>>>

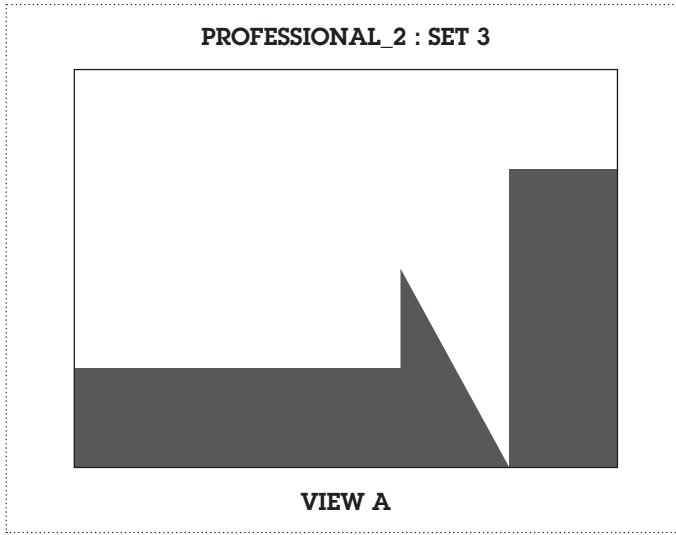

**PROFESSIONAL SETS:
V2**

PROFESSIONAL_2 : SET 1

Print the selected set, along with background artwork (page 01), in double sided format, short edge (left), on 200gsm - 300gsm paper.

Remember to set the paper size for A4, landscape and your artwork to 100% and not fit-to-page.

Cut out along the outer line, indicated with the scissor icon.

PROFESSIONAL_2 : SET 2

Print the selected set, along with background artwork (page 01), in double sided format, short edge (left), on 200gsm - 300gsm paper.

Remember to set the paper size for A4, landscape and your artwork to 100% and not fit-to-page.

Cut out along the outer line, indicated with the scissor icon.

PROFESSIONAL_2 : SET 3

Print the selected set, along with background artwork (page 01), in double sided format, short edge (left), on 200gsm - 300gsm paper.

Remember to set the paper size for A4, landscape and your artwork to 100% and not fit-to-page.

Cut out along the outer line, indicated with the scissor icon.

PROFESSIONAL_2 : SET 4

Print the selected set, along with background artwork (page 01), in double sided format, short edge (left), on 200gsm - 300gsm paper.

<<<

▶ [Task requirements] Copy the data character for character, but drop all pictures from the copy.

▶ [Reply]
**PROFESSIONAL SETS:
V2**

PROFESSIONAL_2 : SET 1

Print the selected set, along with background artwork (page 01), in double sided format, short edge (left), on 200gsm - 300gsm paper.

Remember to set the paper size for A4, landscape and your artwork to 100% and not fit-to-page.

Cut out along the outer line, indicated with the scissor icon.

PROFESSIONAL_2 : SET 2

Print the selected set, along with background artwork (page 01), in double sided format, short edge (left), on 200gsm - 300gsm paper.

Remember to set the paper size for A4, landscape and your artwork to 100% and not fit-to-page.

Cut out along the outer line, indicated with the scissor icon.

PROFESSIONAL_2 : SET 3

Print the selected set, along with background artwork (page 01), in double sided format, short edge (left), on 200gsm - 300gsm paper.

Remember to set the paper size for A4, landscape and your artwork to 100% and not fit-to-page.

Cut out along the outer line, indicated with the scissor icon.

PROFESSIONAL_2 : SET 4

Print the selected set, along with background artwork (page 01), in double sided format, short edge (left), on 200gsm - 300gsm paper.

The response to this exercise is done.